A study conducted by Onepoll.com has revealed that consumers are taking a more ethical and environmentally conscious approach to the Christmas period. More people are rejecting the consumerism that typically comes with Christmas, as people are opting for environmentally wrapping and presents.
Poll results revealed that more than half the survey’s participants want to look after the planet for the future generations – over two thirds of people said they would consider buying gifts for people that had positive social and environmental impacts.
Four out of ten people said they will be using recyclable wrapping paper, and some admitted to not using gift wrap at all.
It is also thought that just under one in ten will be having a vegan Christmas meal this year, reflecting on the awareness of plant-based food and the increase in people following a vegan diet.

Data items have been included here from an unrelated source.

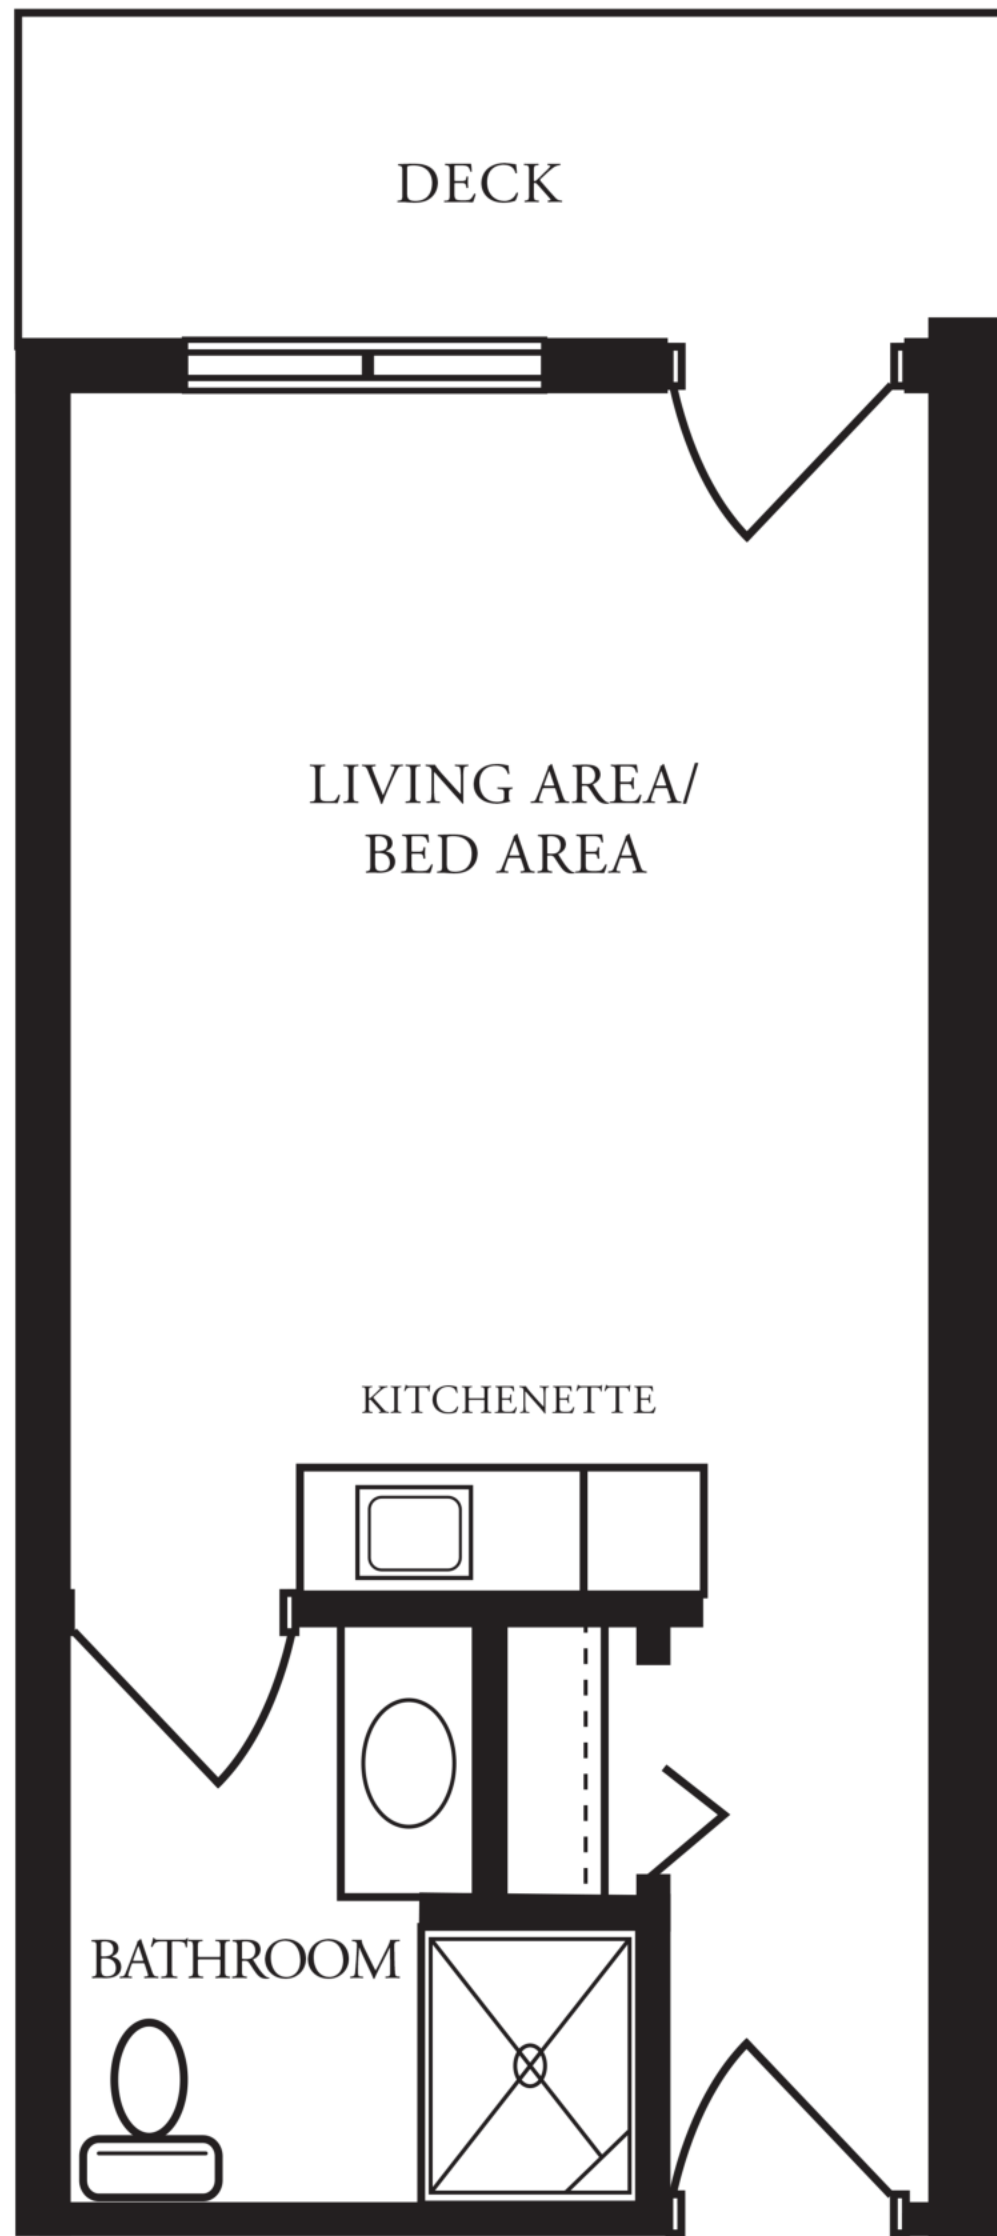

# The Aspen

Studio | 358 SQ FT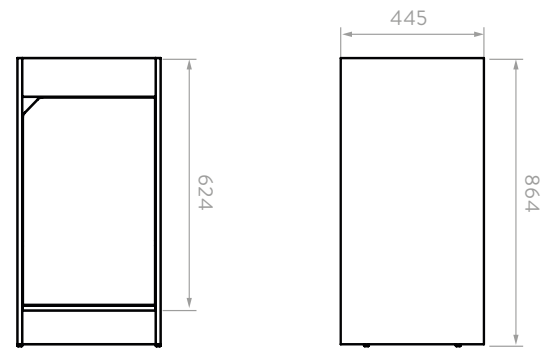

Unidades en mm.

*Incluye Mueble, Lavamanos Aluvia y Mezcladora Aluvia 4" palanca.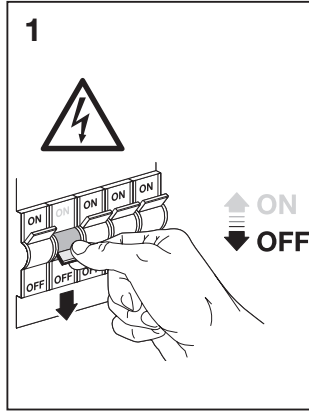

CEILING PAVO SQ

Points de collecte sur www.quefairedemesdechets.fr

LEDVANCE SASU
CQM, 5 rue d'Altorf
67120 Molsheim France
www.ledvance.com

C10449057
G11261079
05.11.25

© LEDVANCE Ltd, Sterling House,
810 Mandarin Court, Warrington,
Cheshire, WA1 1GG, United Kingdom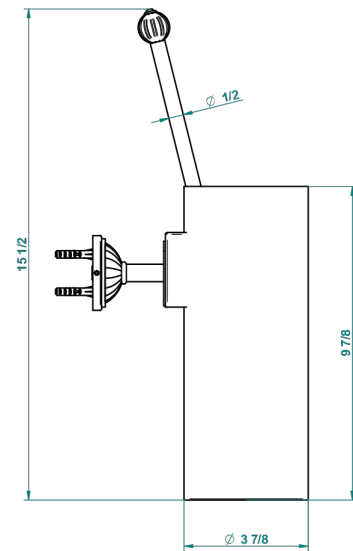

VOGUE OEIL DE TIGRE

A8R-4720

Pot à balai mural en métal, avec balai sans couvercle

THG®
PARIS

18316

30/10/2015

CARACTÉRISTIQUES

- Accessoire en laiton
- Brosse de rechange Réf. G00.703B

FINITIONS DISPONIBLES

Bronze clair - D01
Chromé - A02
Chromé / doré - G02
Chromé mat - C02
Doré brillant - F01
Doré mat - F07

Nickel brillant - B01
Nickel mat - C01
Noir mat céramique - D30
Or pâle - F30
Or pâle mat - F31
Pvd blush - H62

Pvd blush mat - H60
Pvd couleur bronze brown - F33
Pvd couleur bronze brown - mat - F34
Pvd couleur doré - H52
Pvd couleur doré mat - H53
Pvd couleur laiton - H49

Pvd couleur laiton mat - H50
Pvd couleur nickel - H55
Pvd couleur nickel mat - H56
Pvd graphite - H64
Pvd graphite mat - H65
Pvd umber - H66

Pvd umber mat - H67
Vieux cuivre rouge mat - H07
Vieux nickel - H28

Veganism crops up again in people’s buying habits – people said that they would be buying bath and shower products that are vegan and bee-friendly, proving that the growth of veganism is still happening.
But one fifth of the 2000 people surveyed said that they will be planning a plastic-free Christmas, to help significantly reduce their environmental impact at the busiest, and often most wasteful time of year.
Peter Holbrook, chief executive at Social Enterprise UK commented on the change in consumer attitudes: “it is great that brits are really thinking about the impact of their spending decisions.
“We have seen a real shift in consumer attitudes towards buying ethically, with shoppers recognising their power to make a different to the world through how they spend their money.
“The good news is that there are thousands of social enterprises out there offering resents with purpose, helping people to do more for the environment and others with the gifts that they give this Christmas.”
Some people are asking for their children not to be gifted plastic toys, with one third of parents believing that their children have enough plastic toys.
Overall, four out of five brits surveyed felt that Christmas was over-commercialised, with Holbrook commenting that something valuable is being lost as it continues to be a profit-driven festivity.